Lester Kobzik
BioAegis Therapeutics
4 min readNov 4, 2021

--

Host-directed Therapeutics for the Next Pandemic: What They Are and Why We’ll Need Them

The current pandemic has been labeled a “starter pandemic” by many because the mortality rate could have been much worse, as compared to what was seen in the 1918 influenza and the more recent SARS outbreaks. Over the past two years, the scientific community has been challenged with how to treat this novel virus. Now the focus needs to shift to preparing for what comes next.

In severe COVID19, we now know that injury caused by the patient’s own body (the ‘host’) — -rather than the virus per se — — is the major problem. For reasons that are still poorly understood, the immune response becomes excessive and out of control (‘dysregulated’), causing harmful inflammation that damages the lungs and other key organs.

The same problem of dysregulated and dysfunctional host responses is also seen in severe or fatal cases of many other infections and autoimmune disease. This has sparked efforts to develop drugs that can target (treat) these undesirable and harmful host responses, a quest captured in the term Host-Directed Therapeutics (HDTs). The dream of research in HDTs is to find drugs that can enhance a person’s protective immune responses against a pathogen, to reduce excessive inflammation and to optimize immune reactivity at the sites of disease.

For future pandemics, it would be highly desirable to identify in advance effective HDTs and have them ready for any outbreak. They would also be useful in the many non-pandemic cases of severe disease where runaway inflammation is a key factor. With this in mind, let’s review the state of the search for Host-Directed Therapeutics.

The good news: HDT works! In COVID19, the poster child for a successful HDT is the anti-inflammatory corticosteroid drug dexamethasone. After a rigorous randomized clinical trial (the RECOVERY study in the UK) showed that it reduces mortality and improves overall outcomes, this drug has become part of standard therapy for severe COVID19 cases. There are also other (non-COVID) examples of effective HDTs, particularly in autoimmune disease. For example, severe rheumatoid arthritis is often treated with agents that interfere with molecules responsible for excessive inflammation, e.g., anakinra is a recombinant normal human protein that blocks responses to the pro-inflammatory cytokine Interleukin 1.
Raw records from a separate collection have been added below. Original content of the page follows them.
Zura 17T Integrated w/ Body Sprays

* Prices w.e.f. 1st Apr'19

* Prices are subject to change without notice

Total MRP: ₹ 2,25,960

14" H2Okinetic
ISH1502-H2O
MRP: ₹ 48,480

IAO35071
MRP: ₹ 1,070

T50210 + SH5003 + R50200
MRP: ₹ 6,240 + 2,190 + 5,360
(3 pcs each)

The bad news: The number of approved HDTs is quite small. Finding effective and safe HDTs is hard. Researchers have identified hundreds of molecules that are overactive or are deficient inside excessive inflammation. However, knowing which one(s) we should target with drugs is challenging to say the least. Testing drugs in severely ill patients must be done cautiously so as to not make things worse, and with rigorous comparison groups (‘controls’). This ensures that any benefits seen are real, rather than better outcomes due to younger age or fewer accompanying diseases. These challenges and the need for a large number of patients in any trial make the investigation of possible HDTs expensive. A final sad truth is that many drugs that look promising in the lab or in mice don’t work when ultimately tested in patients. For example, numerous HDT drugs tested for control of the dysregulated inflammation in sepsis failed. This has also been the case for some HDTs tested in COVID19 (e.g. colchicine, hydroxychloroquine). Hence, we must be prepared for some failures along the way.
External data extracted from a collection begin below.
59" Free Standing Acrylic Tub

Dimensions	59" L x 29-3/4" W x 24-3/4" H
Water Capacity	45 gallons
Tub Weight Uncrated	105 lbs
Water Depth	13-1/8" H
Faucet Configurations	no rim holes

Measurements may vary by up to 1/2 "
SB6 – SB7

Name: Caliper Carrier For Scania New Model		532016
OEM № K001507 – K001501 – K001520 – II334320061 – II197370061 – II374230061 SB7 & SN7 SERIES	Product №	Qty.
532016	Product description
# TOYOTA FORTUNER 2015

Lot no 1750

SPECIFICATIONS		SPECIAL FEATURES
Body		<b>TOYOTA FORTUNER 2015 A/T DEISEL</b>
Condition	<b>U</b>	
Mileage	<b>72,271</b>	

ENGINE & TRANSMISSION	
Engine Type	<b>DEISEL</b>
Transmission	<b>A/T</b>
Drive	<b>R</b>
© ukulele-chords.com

Back to good news: There is an abundance of ‘candidate’ agents that look like promising HDTs, based on laboratory and animal studies. We have a wealth of laboratory and animal model tools to prioritize agents and to test for safety before proceeding to human trials. A promising subset of the candidate agents use human proteins that are normally present in the body and are less likely to have any toxic side effects. One example is human plasma gelsolin. This abundant protein, which is depleted by inflammatory disease and infection, has many desirable immunomodulatory properties, improves outcomes in bacterial and viral pneumonias in animal models and has passed initial safety testing in human patients. It is currently being tested for benefit in COVID19 in Europe. Fingers crossed!

Finally, expanding our drug cabinet of effective immunomodulatory HDTs is very feasible (and needed) before the next pandemic. Although most people with garden variety (non-COVID) bacterial or viral pneumonias have mild disease and get better, a still substantial number get the same kind of severe disease that requires artificial ventilation and ICU-level care. These patients also suffer from excess and dysregulated inflammation, and they could certainly benefit from an effective HDT. Finding good HDTs for severe pneumonias will have direct benefits for a major need in the present.

It will also prepare us for the next pandemic.